Whether it’s correlation or causation, the delta variant-triggered rise in cases and hospitalizations now appears to be accompanied by increasing vaccination rates in the U.S. With 816,203 doses administered on July 31 alone, that makes five straight days that national vaccination doses passed the 700,000 mark.
According to CDC data as of Aug. 1, nearly half the U.S. population—49.6%, or 168.4 million people, are fully vaccinated. Of those who are actually vaccine-eligible, Americans who are 12 and over, 58.1% are now fully vaccinated.
Dr. Francis Collins, director of the National Institutes of Health, said, “This may be a tipping point for those who have been hesitant to say, ‘OK, it’s time.’ I hope that’s what’s happening.
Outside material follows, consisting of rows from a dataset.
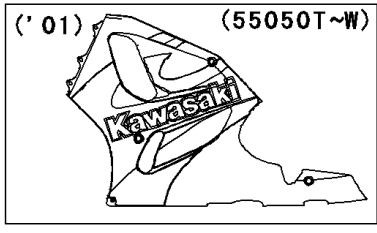

2000 Ninja® ZX™-7R PARTS DIAGRAM

Cowling Lower

WD

(55050P/Q)	Ebony/Green
(55050R/S)	Ebony/Silver

WD

(55051A)	Green/Black
(55051B/C)	Silver/Black

WD

(55050T/U)	Ebony/Green
(55050V/W)	Ebony/Yellow
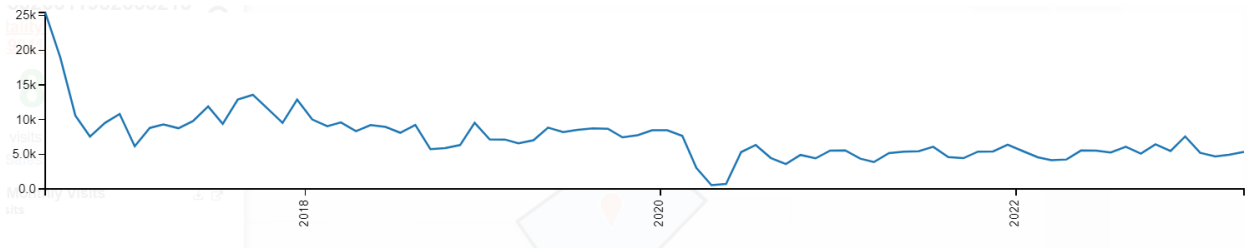

Estimated 5 Year Foot Traffic Trend & Raw Traffic Data:

5/1/2022	6/1/2022	7/1/2022	8/1/2022	9/1/2022	10/1/2022	11/1/2022	12/1/2022	1/1/2023	2/1/2023	3/1/2023	4/1/2023
5550	5545	5259	6086	5097	6448	5473	7573	5217	4691	4941	5352
5/1/2021	6/1/2021	7/1/2021	8/1/2021	9/1/2021	10/1/2021	11/1/2021	12/1/2021	1/1/2022	2/1/2022	3/1/2022	4/1/2022
5372	5446	6086	4609	4441	5396	5420	6400	5471	4579	4143	4256
5/1/2020	6/1/2020	7/1/2020	8/1/2020	9/1/2020	10/1/2020	11/1/2020	12/1/2020	1/1/2021	2/1/2021	3/1/2021	4/1/2021
740	5317	6344	4477	3607	4913	4417	5542	5571	4380	3881	5178
5/1/2019	6/1/2019	7/1/2019	8/1/2019	9/1/2019	10/1/2019	11/1/2019	12/1/2019	1/1/2020	2/1/2020	3/1/2020	4/1/2020
8848	8209	8534	8745	8678	7443	7748	8463	8457	7650	3042	556
5/1/2018	6/1/2018	7/1/2018	8/1/2018	9/1/2018	10/1/2018	11/1/2018	12/1/2018	1/1/2019	2/1/2019	3/1/2019	4/1/2019
9211	8953	8108	9234	5755	5901	6332	9532	7149	7134	6587	7034

Red = First US State Issued State at Home Order for Covid-19 Pandemic
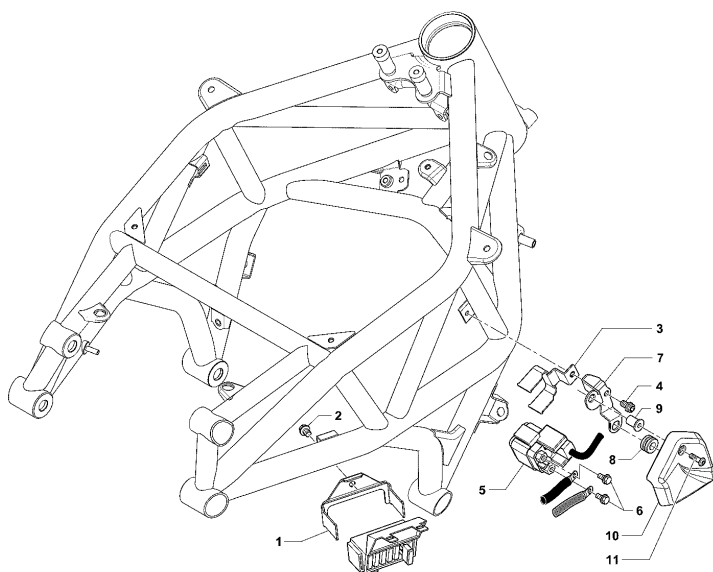

Pos	Part Number	Description	Additional Text	Quantity
1	SPMV8000B8821	BRACKET FUSE	F3 AGO-F3 675 RC-F3 800 RC	1,00
2	SPMV8A00B2677	Screw M6x1-L10		1,00
3	SPMV8000B5915	PLATE	675, 800, 800RR	1,00
4	SPMV8000B2687	Screw TCEIF M5x8	USA CND CN MY12/16	1,00
5	SPMV800091115	SWITCH, STARTER		1,00
6	SPMV8000B2681	Screw TEF M6x0,8x8 CH8 RT	990R-1090RR 000641> BRUTALE 920	2,00
7	SPMV8000B6989	PLATE CONTACTOR COVER		1,00
8	SPMV8000B6507	RUBBER DAMPER D14-D7-SP8		1,00
9	SPMV800091022	BUSH, SCREW, M4x0,7	F4S, F4R, F4RR	1,00
10	SPMV8000B6990	CONTACTOR COVER		1,00
11	SPMV8A0090901	SCREW, M4x13,7	750S, 750S 1+1	1,00

That’s what desperately needs to happen if we’re going to get this delta variant put back in its place.”
Jen Kates, a senior vice president at the Kaiser Family Foundation, observed that the stark contrast in hospitalizations and deaths between the vaccinated and unvaccinated have become clear in recent weeks and might be convincing people on the fence about getting the shots, according to CNBC.
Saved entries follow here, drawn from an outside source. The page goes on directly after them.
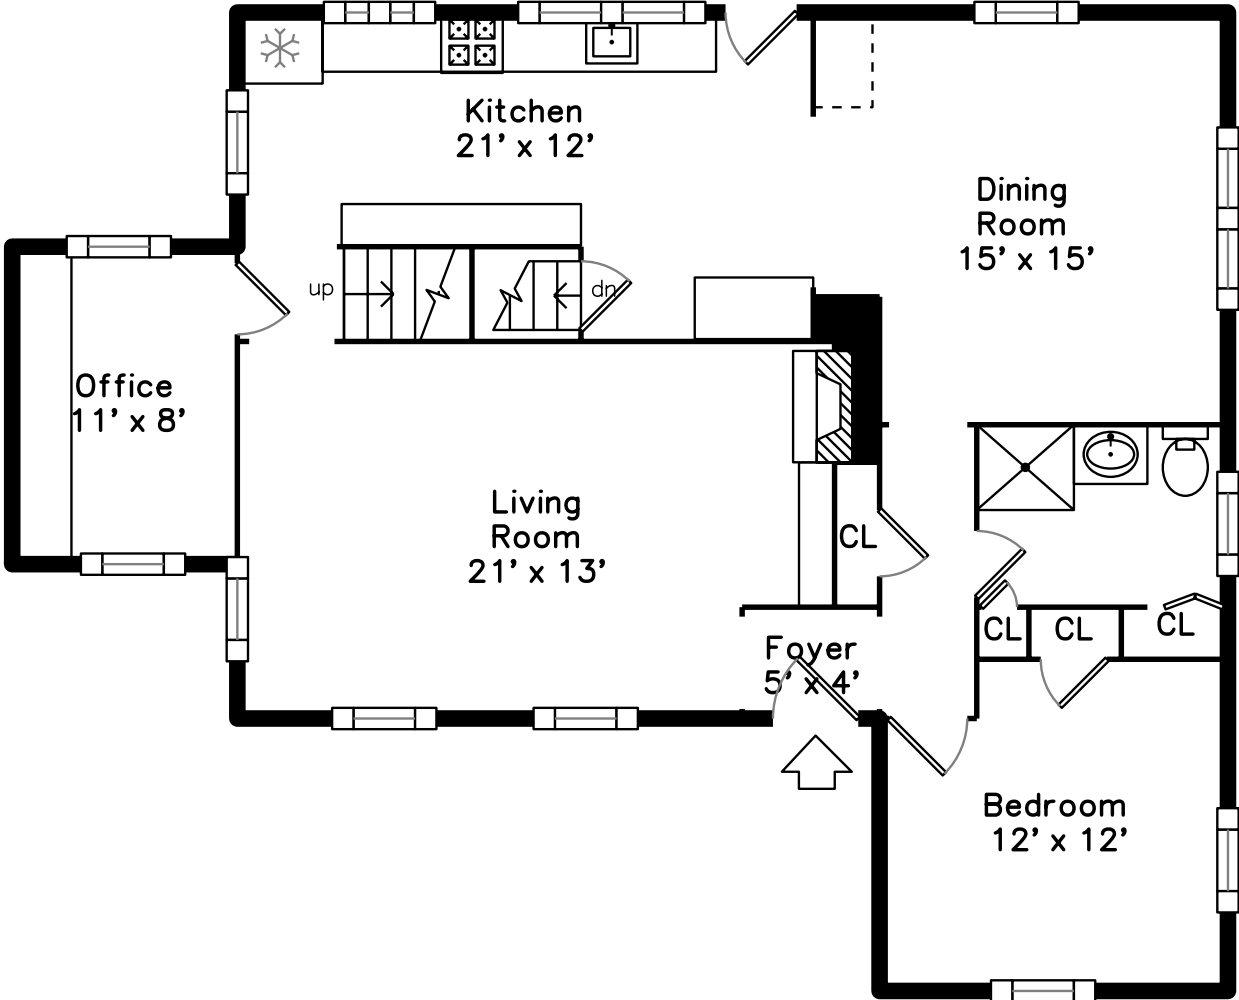

Upper

Main

Lower

106 Brookline Street
Chestnut Hill, MA 02467

PicturePlan by  vis-home

Measurements may not be 100% accurate.

Floor plans are provided for convenience only.

Room sizes are not used to calculate area.

Upper

Main

Lower

Outside

Outside

Outside

Outside

Living Room

Living Room

Living Room

Dining Room

Dining Room

Dining Room

Dining Room

Kitchen

Kitchen

Bathroom

Bathroom

CL

Family Room

Back

Back

Back
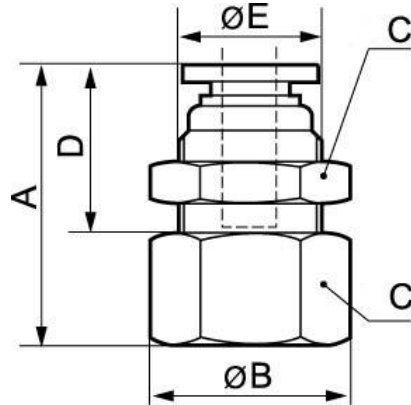

Parallel female straight bulkhead fitting - RPD TG

Metric female thread

M5

For tube OD (mm)

4

Operating pressure

0 to 10 bar

Temperature

0°C to + 60°C

Construction

Polymer and nickel-plated
brass

Description

Reference	Metric female thread	For tube OD (mm)
RPD TG04M5	M5	4
RPD TG05M5	M5	5
RPD TG06M5	M5	6

Dimensions

Reference	A mm	B mm	C mm	D mm	E mm
RPD TG04M5	22	16.5	14	15	10
RPD TG05M5	23	16.5	14	16	12.8
RPD TG06M5	23	16.5	14	16	12.8

The overwhelming majority of serious COVID-19 cases—97% of hospital admissions and 99.5% of deaths—involve unvaccinated people.
“Cases are rising, and almost all of those who are hospitalized and dying are unvaccinated,” she said. “The data are right there, and I think people are realizing that vaccines are our best bet at controlling this.”
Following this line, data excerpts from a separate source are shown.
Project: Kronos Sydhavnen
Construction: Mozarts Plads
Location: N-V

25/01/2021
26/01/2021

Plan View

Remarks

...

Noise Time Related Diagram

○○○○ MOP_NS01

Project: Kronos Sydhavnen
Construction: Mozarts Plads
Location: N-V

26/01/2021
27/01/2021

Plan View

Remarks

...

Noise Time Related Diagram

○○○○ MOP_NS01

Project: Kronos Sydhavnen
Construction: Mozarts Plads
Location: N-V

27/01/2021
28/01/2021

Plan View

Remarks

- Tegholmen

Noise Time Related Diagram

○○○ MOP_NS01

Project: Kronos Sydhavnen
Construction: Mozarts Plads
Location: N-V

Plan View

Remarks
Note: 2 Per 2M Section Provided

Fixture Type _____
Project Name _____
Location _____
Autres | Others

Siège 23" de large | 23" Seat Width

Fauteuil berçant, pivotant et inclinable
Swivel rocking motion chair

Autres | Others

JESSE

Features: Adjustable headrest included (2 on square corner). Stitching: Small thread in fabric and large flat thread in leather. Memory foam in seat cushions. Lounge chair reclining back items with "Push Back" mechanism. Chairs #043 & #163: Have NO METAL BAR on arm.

Though there’s been a recent wave of people getting inoculated that the Biden administration finds encouraging in its quest for increasing vaccination rates, it’s also concerned about media coverage of breakthrough infections. The administration is worried that this kind of media coverage could possibly dissuading some from getting jabbed.
“The media’s coverage doesn’t match the moment,” one official said, according to the Guardian. “It has been hyperbolic and frankly irresponsible in a way that hardens vaccine hesitancy. The biggest problem we have is unvaccinated people getting and spreading the virus.”
One example cited was an NBC News report on more than 125,000 breakthrough cases in the U.S.—even though the story prominently noted that the number was “less than .08 percent of the 164.2 million-plus people fully vaccinated since January.”
But the Guardian article also reported significant upticks in vaccination rates in states where vaccination rates have been among the lowest in the nation. Louisiana has had a 114% increase in shots, Arkansas a 96% increase, Alabama 65%, and Missouri 49%.
Public officials in at least one of those states are signaling a heightened state of alarm that could be driving vaccinations. In Arkansas, Gov. Asa Hutchinson (R) reimposed a state of emergency on July 29, in part because all pediatric intensive care beds in the state were occupied. As the Guardian noted, “He has sought to dispel fears that the vaccines are a ‘bioweapon.’”
“We have had to bring in more vaccine,” said Robert Ator, overseeing that state’s vaccination effort. “For the first time in two and a half months, we are making a new large-scale order. People are scared.”